* **ASSIGNMENT**:
Copy each record exactly as it reads, leaving out any pictures it holds.

* **DATA SECTION**:
◇ ◇ ◇ ◇

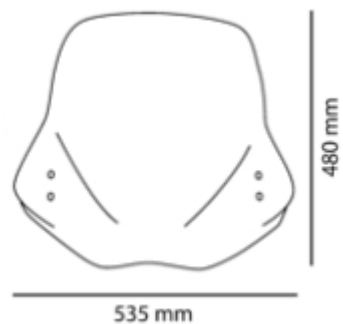

TECHNICAL FEATURES

2 points of attachment

Check the ABE HOMOLOGATION document if the product is homologated for your motorcycle

ROUNDED CONTOUR-PROFILE

TÜV APPROVED
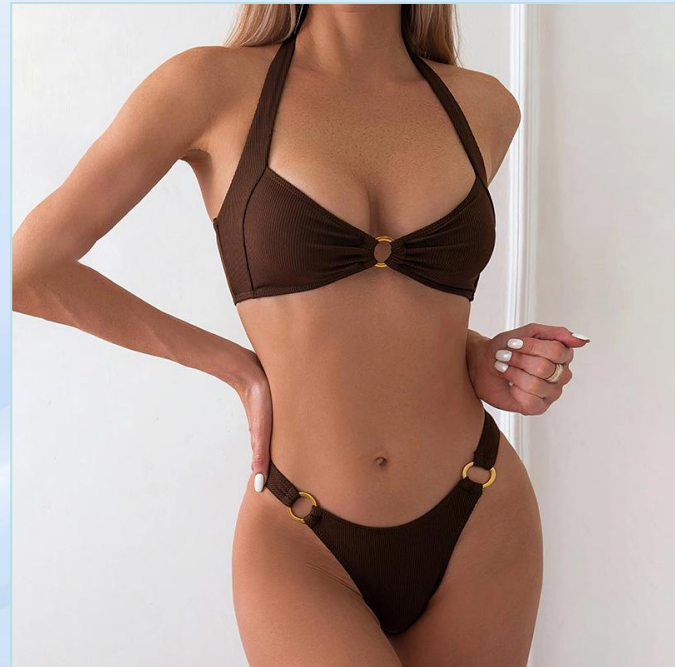

H1030403 ₹ 779

Color: As picture

Size : S M L XL
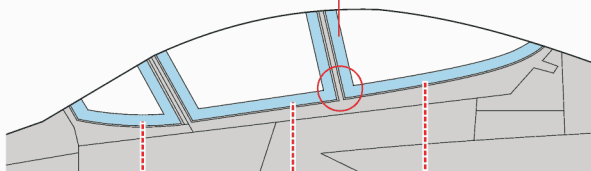

eduard
Express Mask

XS 176

F-15D Eagle

The die-cut mask for accurate canopy frame painting of the
Academy 1/72 KIT

 - LIQUID MASK

1.)

F1

F2

2.)

F2

F1

 - LIQUID MASK

3.)

INTERIOR COLOR

4.)

RUBBER COLOR
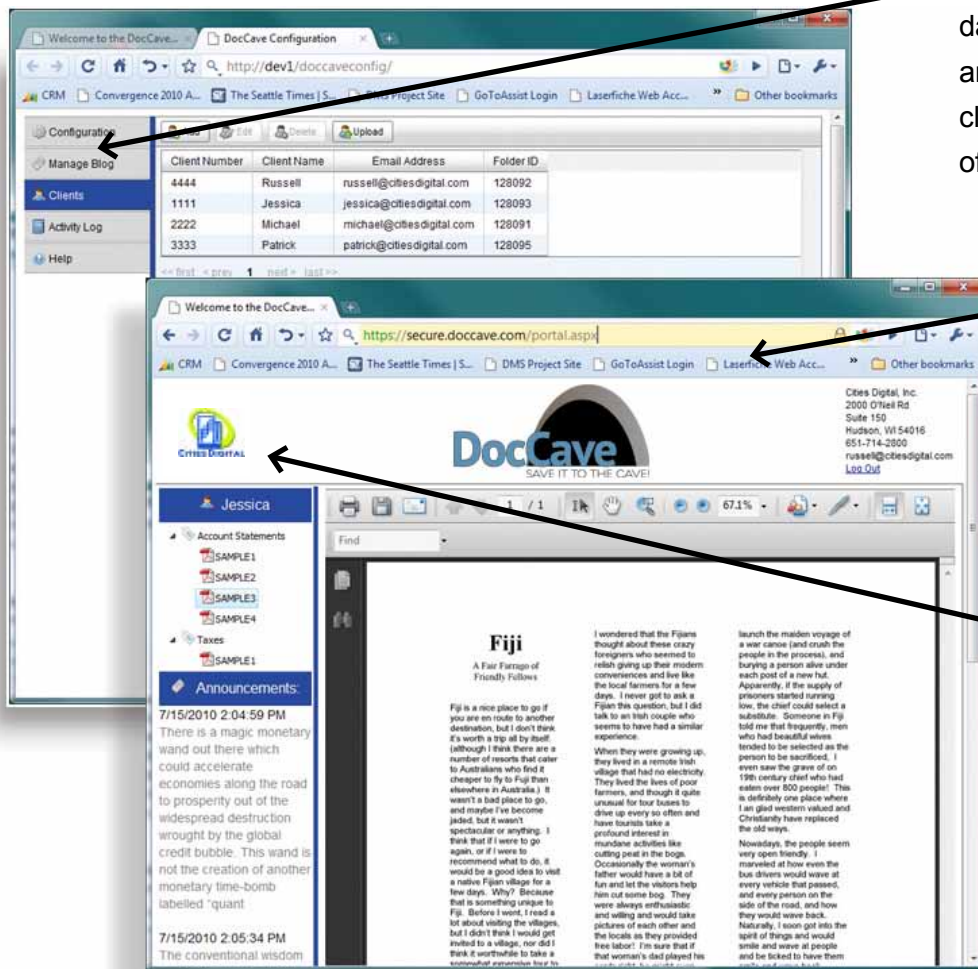

DocCave

SAVE IT TO THE CAVE!

The **DocCave** from Cities Digital is a private document sharing website.

DocCave gives you simple dashboard button navigation, and moves you through your client activities quickly, also offering you a blog option.

DocCave is the **ONLY** system that comes fully integrated with Laserfiche document management systems.

DocCave makes file management a breeze, with your own company-branded dashboard.

Contact us at 651.714.2800 to talk to a **DocCave** representative today. Email us at sales@citiesdigital.com with questions, and get answers!

+CITIESDIGITAL By Cities Digital, Inc.

To learn more about the **DocCave** go to www.citiesdigital.com.
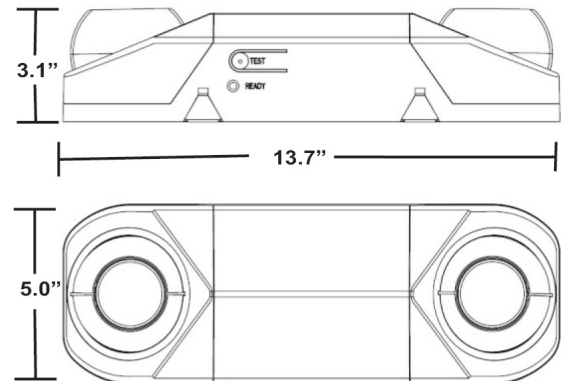

Warranty

- Five year limited warranty (see full warranty sheet for details), battery pro-rated for two years

TCS dimensions
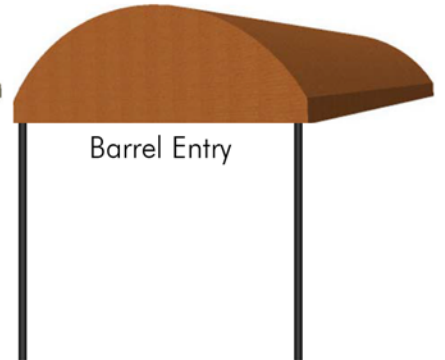

AWNING STYLES

Residential & Commercial
305-519-3735

Traditional Stationary

Dome

Flat Panel

Arched-Top Stationary

Clam (European Dome)

Swag (Concave)

Flat End Dome (Convex)

Long Dome

Patio Cover

Gabled Entry

Barrel Entry

All styles available with different valance options:

Loose Valance

Tight Valance
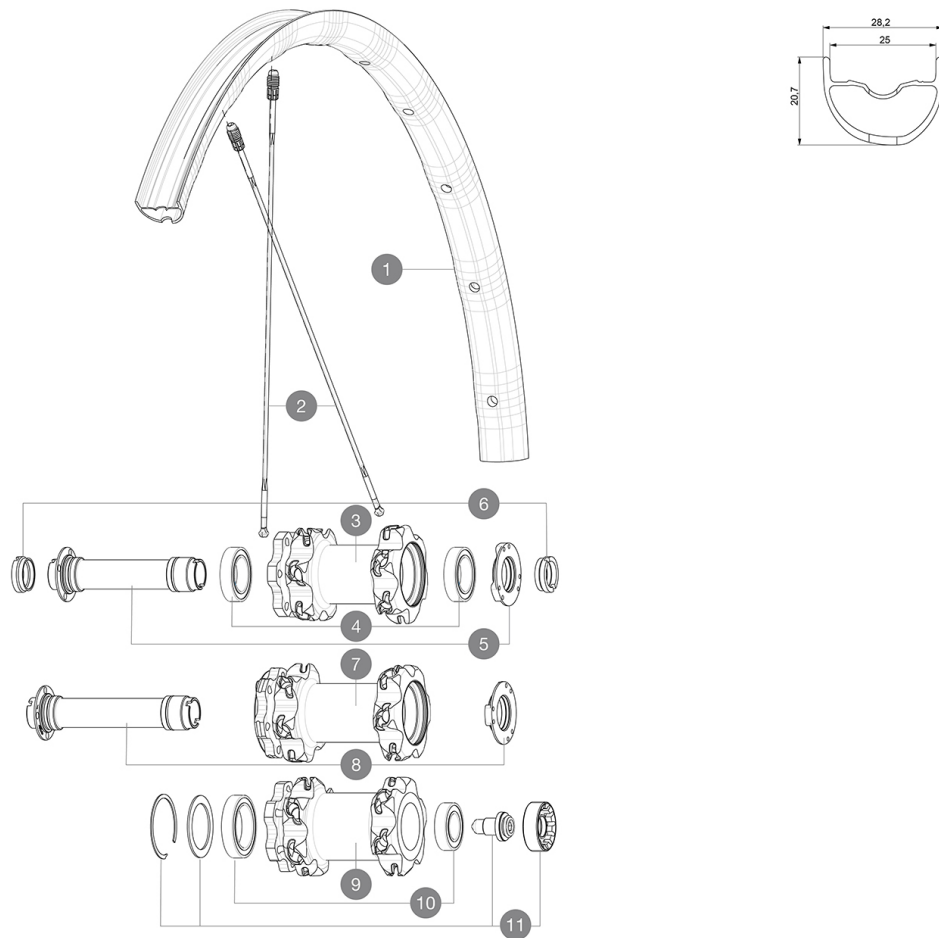

MAVIC XA Pro 29

ASTM CATEGORY 3 : offroad with jumps less than 61cm

120

Recommended tyre sizes: 46 to 64 mm (1.8" to 2.5")

参照ホイール

F80321 Xa Pro 29 Ft

F80521 Xa Pro 29 Ft Lefty 60

F80331 Xa Pro 29 Ft Bst

RIMS

&NBSP;:

1	V2318510	KIT FRONT RIM XA PRO 29"

SPOKES

2	V2384801	KIT 12 FRONT + 1 REAR NON-DRIVE SIDE BUTTED ZICRAL SPOKES
2	V2385601	KIT 1 FT/RR XA PRO 29" BUTTED ALU SPOK 293mm - while stock

HUB SHELLS

3	N/A	HUB BODY
4	99688501	BEARING KIT 9/15 D6T HUB
5	V2252301	MY16 FRONT AXLE ROAD DISC 9/12/15 INT
7	N/A	HUB BODY
8	V2370701	KIT FRONT QRM+ AXLE BOOST INTL 110mm
9	N/A	HUB BODY
10	M40771	BEARING KIT FOR LEFTY HUB
11	36709301	ASSEMBLY KIT CROSSROC SUPERMAX

OPTIONS

V2650201	ADAPTER Front Torque Cap 15x31 MTB QRM +

ADAPTERS

6	B4104401	15mm FT Road Axle Adapters 16
	B4104301	9mm FT road Axle Adapters 16

◇ ◇ ◇ ◇

* **TASK RESULT**:
TECHNICAL FEATURES

2 points of attachment

Check the ABE HOMOLOGATION document if the product is homologated for your motorcycle

ROUNDED CONTOUR-PROFILE

TÜV APPROVED

H1030403 ₹ 779

Color: As picture

Size : S M L XL

eduard
Express Mask

XS 176

F-15D Eagle

The die-cut mask for accurate canopy frame painting of the
Academy 1/72 KIT

 - LIQUID MASK

1.)

F1

F2

2.)

F2

F1

 - LIQUID MASK

3.)

INTERIOR COLOR

4.)

RUBBER COLOR

DocCave

SAVE IT TO THE CAVE!

The **DocCave** from Cities Digital is a private document sharing website.

DocCave gives you simple dashboard button navigation, and moves you through your client activities quickly, also offering you a blog option.

DocCave is the **ONLY** system that comes fully integrated with Laserfiche document management systems.

DocCave makes file management a breeze, with your own company-branded dashboard.

Contact us at 651.714.2800 to talk to a **DocCave** representative today. Email us at sales@citiesdigital.com with questions, and get answers!

+CITIESDIGITAL By Cities Digital, Inc.

To learn more about the **DocCave** go to www.citiesdigital.com.

Warranty

- Five year limited warranty (see full warranty sheet for details), battery pro-rated for two years

TCS dimensions

AWNING STYLES

Residential & Commercial
305-519-3735

Traditional Stationary

Dome

Flat Panel

Arched-Top Stationary

Clam (European Dome)

Swag (Concave)

Flat End Dome (Convex)

Long Dome

Patio Cover

Gabled Entry

Barrel Entry

All styles available with different valance options:

Loose Valance

Tight Valance

MAVIC XA Pro 29

ASTM CATEGORY 3 : offroad with jumps less than 61cm

120

Recommended tyre sizes: 46 to 64 mm (1.8" to 2.5")

参照ホイール

F80321 Xa Pro 29 Ft

F80521 Xa Pro 29 Ft Lefty 60

F80331 Xa Pro 29 Ft Bst

RIMS

&NBSP;:

1	V2318510	KIT FRONT RIM XA PRO 29"

SPOKES

2	V2384801	KIT 12 FRONT + 1 REAR NON-DRIVE SIDE BUTTED ZICRAL SPOKES
2	V2385601	KIT 1 FT/RR XA PRO 29" BUTTED ALU SPOK 293mm - while stock

HUB SHELLS

3	N/A	HUB BODY
4	99688501	BEARING KIT 9/15 D6T HUB
5	V2252301	MY16 FRONT AXLE ROAD DISC 9/12/15 INT
7	N/A	HUB BODY
8	V2370701	KIT FRONT QRM+ AXLE BOOST INTL 110mm
9	N/A	HUB BODY
10	M40771	BEARING KIT FOR LEFTY HUB
11	36709301	ASSEMBLY KIT CROSSROC SUPERMAX

OPTIONS

V2650201	ADAPTER Front Torque Cap 15x31 MTB QRM +

ADAPTERS

6	B4104401	15mm FT Road Axle Adapters 16
	B4104301	9mm FT road Axle Adapters 16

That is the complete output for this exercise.